== Requirement ==
Output all entries verbatim, dropping pictures.

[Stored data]
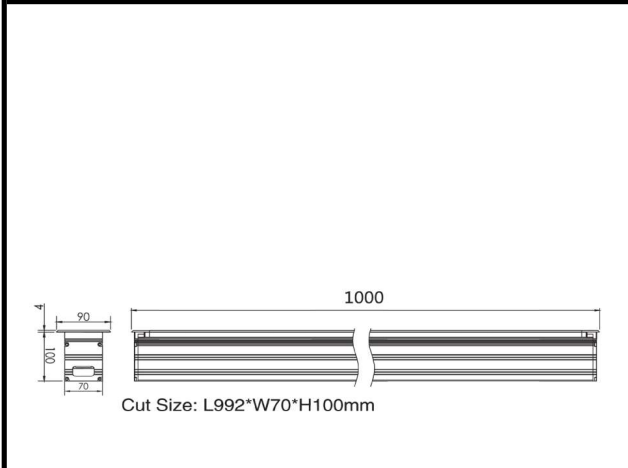

Sovitron Interior Pvt.Ltd.

Model Name	UNITY-2307 / DL-OSL-2307A-18
Description	linear Inground light

Technical description	Image
-----------------------	-------

Dimension	L=1000mm Cutout W=70mm With trim W=90mm H=100mm
Frame	Aluminum
Color Tempertaure	4000K
Power	21W
Total Luminous Flux	1365 lm
Efficacy	65 lm/W
IP rating	67
Color Rendering	≥80
Mounting	Buried
Beam angle	5, 12.5, 20, 30, 45, 60, 15X30, 10X60 Degree
Optics	Tempered glass
Dimming	NON-Dimmable
Operating Voltage	220-240 VAC
Standard Lifetime	L70 minimum at 50,000 burning hours

Dimension diagram

Remarks:-

Address: Plot #7 Saroorpur-Nangla Industrial Area,Ballabgharh-Sohna Road,Faridabad-121005
Email: info@sovitron.com
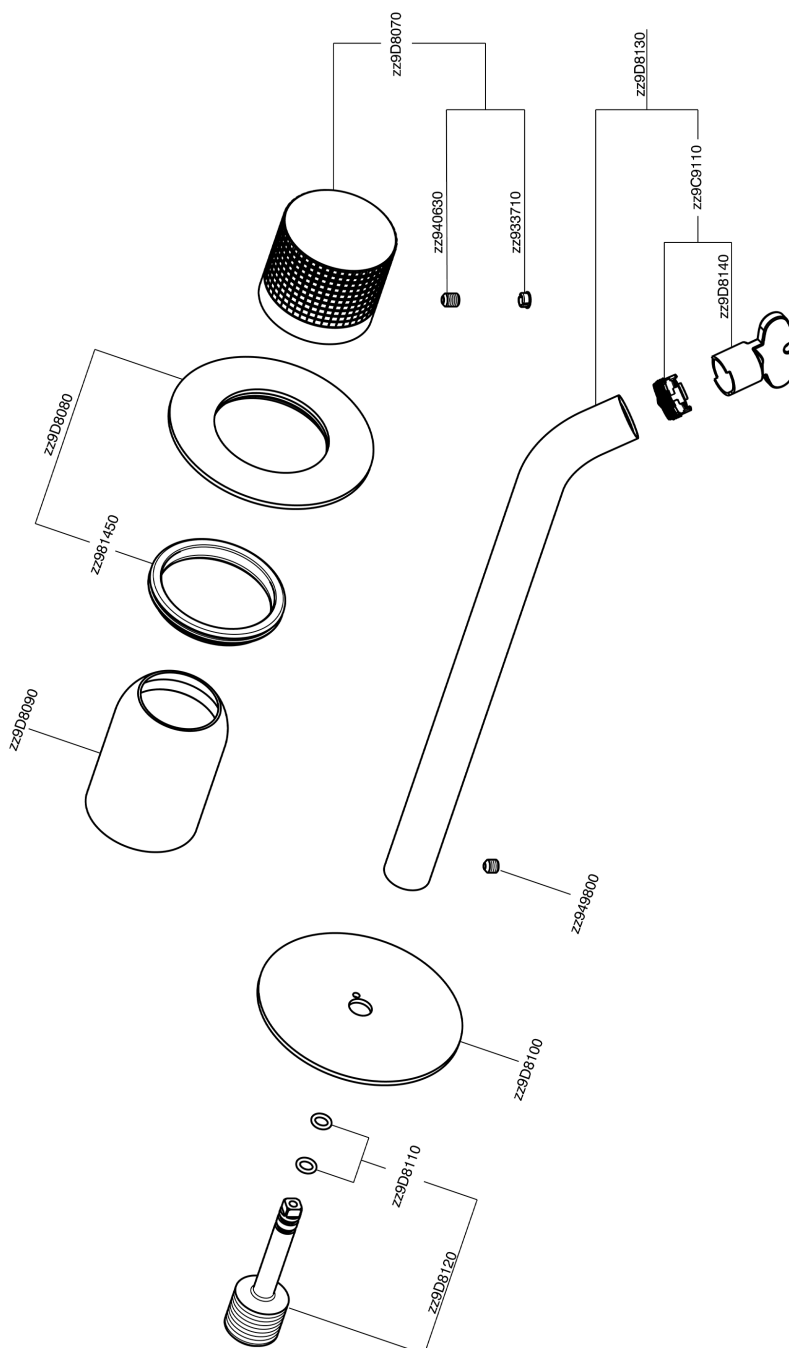

Exposed part for single lever washbasin valve NUANCE X32_X1005511

MODEL **X1005511**

Exposed part for single lever washbasin valve, without concealed part, spout L.250 mm, for item Easy-Box ZA002450-ZA025510, Inox AISI 316L

AVAILABLE FINISHINGS

-  **5H** 5H Dark Brass Brushed
-  **5L** 5L Brushed Black Titanium
-  **5N** 5N Brushed Rose Gold
-  **D1** D1 Brushed Inox

CHARACTERISTICS

Installation **Concealed**
 Required concealed parts **ZA002450**

Exposed part for single lever washbasin valve NUANCE X32_X1005511

X1005511

<https://en.cisal.it/exposed-part-for-single-lever-washbasin-valve-nuance-x32-x1005511>

2025-01-05
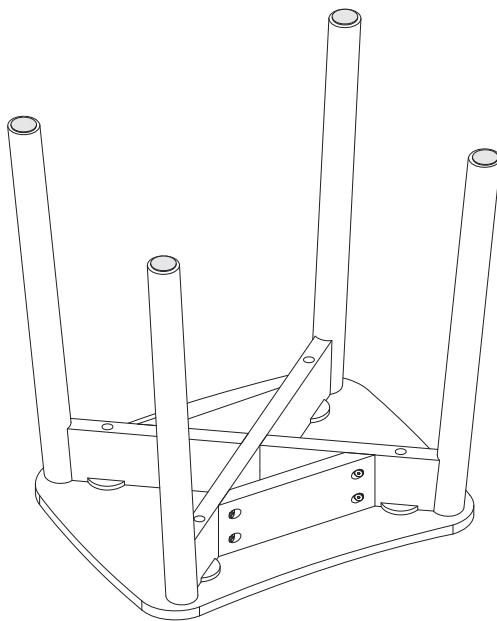

4

Warning!
Please do fully tighten all the bolts in this step.
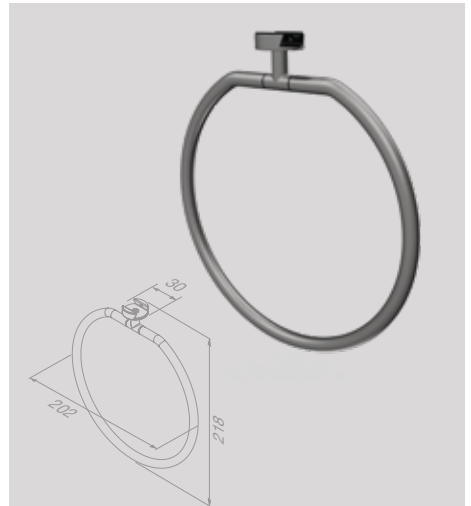

Handdoekkring (brushed stainless steel)
Porte-serviette anneau (brushed stainless steel)
918204-05 € 45,45
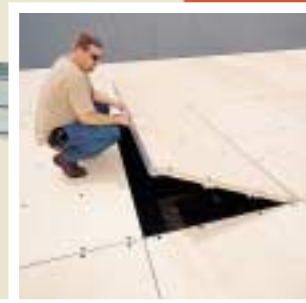

STRATA™

TENT FLOOR SYSTEM

Wenger®

ANY TENT.
ANYWHERE. ANYTIME.

== Exercise solution ==
Sovitron Interior Pvt.Ltd.

Model Name	UNITY-2307 / DL-OSL-2307A-18
Description	linear Inground light

Technical description	Image
-----------------------	-------

Dimension	L=1000mm Cutout W=70mm With trim W=90mm H=100mm
Frame	Aluminum
Color Tempertaure	4000K
Power	21W
Total Luminous Flux	1365 lm
Efficacy	65 lm/W
IP rating	67
Color Rendering	≥80
Mounting	Buried
Beam angle	5, 12.5, 20, 30, 45, 60, 15X30, 10X60 Degree
Optics	Tempered glass
Dimming	NON-Dimmable
Operating Voltage	220-240 VAC
Standard Lifetime	L70 minimum at 50,000 burning hours

Dimension diagram

Remarks:-

Address: Plot #7 Saroorpur-Nangla Industrial Area,Ballabgharh-Sohna Road,Faridabad-121005
Email: info@sovitron.com

Exposed part for single lever washbasin valve NUANCE X32_X1005511

MODEL **X1005511**

Exposed part for single lever washbasin valve, without concealed part, spout L.250 mm, for item Easy-Box ZA002450-ZA025510, Inox AISI 316L

AVAILABLE FINISHINGS

-  **5H** 5H Dark Brass Brushed
-  **5L** 5L Brushed Black Titanium
-  **5N** 5N Brushed Rose Gold
-  **D1** D1 Brushed Inox

CHARACTERISTICS

Installation **Concealed**
 Required concealed parts **ZA002450**

Exposed part for single lever washbasin valve NUANCE X32_X1005511

X1005511

<https://en.cisal.it/exposed-part-for-single-lever-washbasin-valve-nuance-x32-x1005511>

2025-01-05

4

Warning!
Please do fully tighten all the bolts in this step.

Handdoekkring (brushed stainless steel)
Porte-serviette anneau (brushed stainless steel)
918204-05 € 45,45

STRATA™

TENT FLOOR SYSTEM

Wenger®

ANY TENT.
ANYWHERE. ANYTIME.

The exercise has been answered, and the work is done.